_What the task asks_.
Using the data that follows, give the number of lines in which the word "sizes" occurs. Write only the number.

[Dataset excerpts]
---

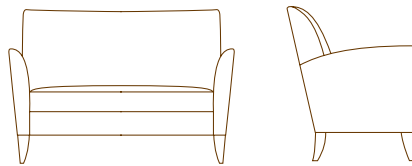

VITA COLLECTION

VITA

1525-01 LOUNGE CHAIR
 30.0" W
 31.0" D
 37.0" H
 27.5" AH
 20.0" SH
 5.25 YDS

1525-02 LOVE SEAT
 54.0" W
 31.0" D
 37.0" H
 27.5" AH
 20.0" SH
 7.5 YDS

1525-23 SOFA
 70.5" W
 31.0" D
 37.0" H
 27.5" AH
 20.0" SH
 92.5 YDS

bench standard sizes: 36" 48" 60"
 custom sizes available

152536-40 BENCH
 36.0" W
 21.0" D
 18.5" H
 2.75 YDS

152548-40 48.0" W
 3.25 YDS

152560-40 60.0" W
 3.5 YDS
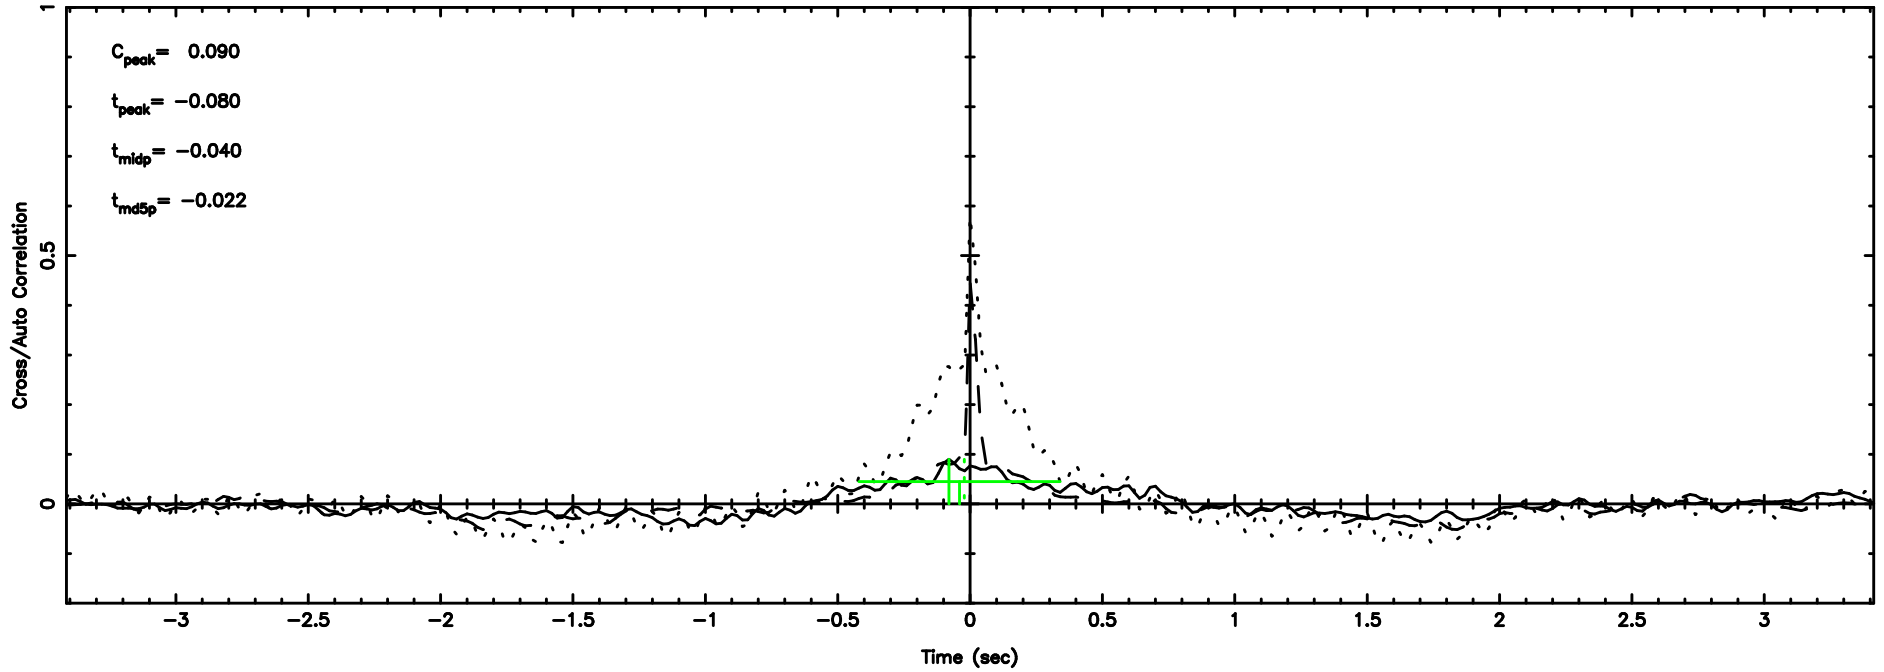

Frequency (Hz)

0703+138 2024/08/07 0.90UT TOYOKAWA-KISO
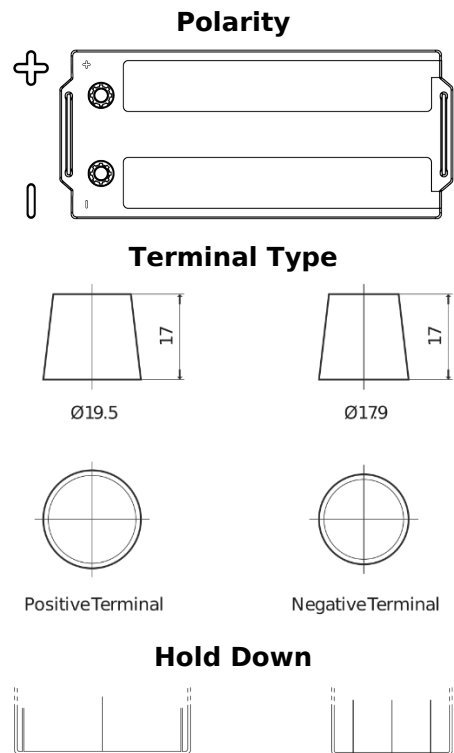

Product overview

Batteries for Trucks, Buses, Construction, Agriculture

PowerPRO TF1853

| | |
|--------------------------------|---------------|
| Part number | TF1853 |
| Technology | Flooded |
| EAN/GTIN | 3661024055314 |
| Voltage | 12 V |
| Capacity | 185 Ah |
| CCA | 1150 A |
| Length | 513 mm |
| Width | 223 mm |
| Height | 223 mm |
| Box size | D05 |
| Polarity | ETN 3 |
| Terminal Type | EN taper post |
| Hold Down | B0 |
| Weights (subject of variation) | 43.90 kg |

---

_Written answer_.
2